Inebilizumab vs Low-Dose Rituximab In NMOSD

Key Takeaways

• In NMOSD, inebilizumab was associated with fewer relapses and more favorable relapse-free survival and adjusted relapse burden over 12 months.
• Relapse-associated EDSS worsening was less frequent, and overall EDSS improvement favored inebilizumab, although that improvement was not maintained after excluding baseline EDSS 2.0 or lower.
• Infections were less common with inebilizumab, while overall adverse-event and serious-adverse-event rates were not significantly different and infusion reactions were uncommon in both groups.

In a retrospective-prospective multicenter cohort of AQP4-IgG–positive NMOSD across six Chinese cities, investigators compared inebilizumab with a low-dose rituximab regimen.
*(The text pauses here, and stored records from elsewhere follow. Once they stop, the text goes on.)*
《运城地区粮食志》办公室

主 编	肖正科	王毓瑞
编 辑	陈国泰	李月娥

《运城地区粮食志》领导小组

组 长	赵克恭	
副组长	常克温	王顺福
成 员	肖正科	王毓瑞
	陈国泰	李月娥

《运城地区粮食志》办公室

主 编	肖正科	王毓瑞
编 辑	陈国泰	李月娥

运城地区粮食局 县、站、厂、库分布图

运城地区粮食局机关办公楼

Over 12 months, relapses occurred in 8 of 119 patients receiving inebilizumab and 24 of 110 receiving low-dose rituximab.
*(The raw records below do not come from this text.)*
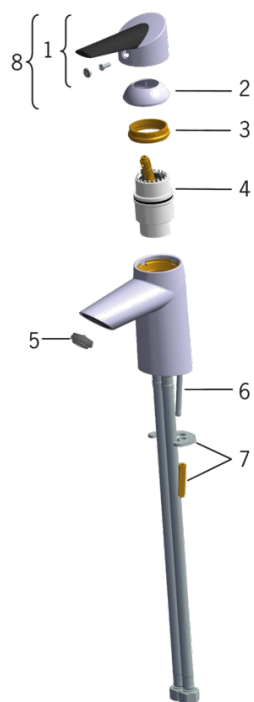

SP2710F

	Код
01	601319V
02	159053V
03	158726
04	158890
05	601500V
06	158727/10
07	158697
08	601864V
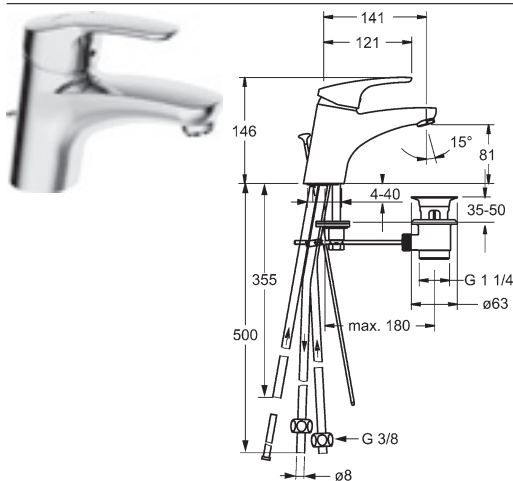

HANSAMIX
Jednootvorová páková batéria pre umývadlo, DN 15
pre beztlakové ohrievače vody

P-IX 28547/I:

- ovládacia páka, označenie teplá/studená
- odpadová súprava (kov)
- pripojenie pomocou medených trubičiek

vyloženie: 141 mm
výtok: pevný, liaty

Obj.č.
chróm
0113 1183

Cena €
267,52

The cohort included 229 patients, with 119 receiving inebilizumab and 110 receiving low-dose rituximab, and median follow-up was 12.0 months in both groups. Inebilizumab was given as 300 mg on days 1 and 15, then every 6 months, while rituximab used a 100/500/500 mg induction regimen and CD19-guided 500 mg retreatment. Adjusted annualized relapse rates were 0.06 with inebilizumab and 0.24 with low-dose rituximab, with an IRR of 3.65 (95% CI 1.59–8.39; p = 0.003) for low-dose rituximab versus inebilizumab. One-year relapse-free survival was 93.60% and 77.60%, respectively.
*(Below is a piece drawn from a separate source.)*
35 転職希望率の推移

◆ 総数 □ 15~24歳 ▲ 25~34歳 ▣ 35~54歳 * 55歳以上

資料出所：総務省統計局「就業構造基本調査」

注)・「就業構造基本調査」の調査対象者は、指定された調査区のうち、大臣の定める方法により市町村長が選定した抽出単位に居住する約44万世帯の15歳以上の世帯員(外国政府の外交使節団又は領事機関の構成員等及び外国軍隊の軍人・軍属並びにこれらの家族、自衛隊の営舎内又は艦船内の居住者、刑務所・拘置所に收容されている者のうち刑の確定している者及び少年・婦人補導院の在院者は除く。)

Relapse-associated EDSS worsening was recorded in 2 inebilizumab recipients and 7 low-dose rituximab recipients, with higher odds in the low-dose rituximab group (OR 8.16, 95% CI 1.44–46.36; p = 0.018), although the confidence interval was wide. Overall EDSS improvement was seen in 65 of 119 patients, or 54.62%, with inebilizumab and 39 of 110, or 35.45%, with low-dose rituximab. That comparison yielded lower odds of EDSS improvement with low-dose rituximab (OR 0.36, 95% CI 0.18–0.72; p = 0.004). After excluding patients with baseline EDSS 2.0 or lower, improvement rates were 40.34% and 33.64%, with no significant between-group difference (p = 0.339). Some low-dose rituximab relapses occurred within 2 to 6 months, and some inebilizumab relapses followed delayed or missed infusions.

Adverse events affected 35 of 119 patients receiving inebilizumab, accounting for 45 events, and 44 of 110 receiving low-dose rituximab, accounting for 58 events (p = 0.097). Infections occurred in 10 of 119 patients with inebilizumab and 25 of 110 with low-dose rituximab (p = 0.003). Infusion-related reactions were uncommon and all grade 1–2, at 3.36% and 5.45%, and serious adverse events occurred in 2 and 4 patients, respectively (p = 0.431). Severe events included one grade 4 pneumonia with inebilizumab, one severe urinary tract infection with low-dose rituximab, and one death after recurrent NMOSD with acute respiratory failure. No death was attributed to an adverse event, and this Class III evidence reflects a 12-month window, missing data, possible underreporting of mild events, and limits beyond the low-dose rituximab protocol.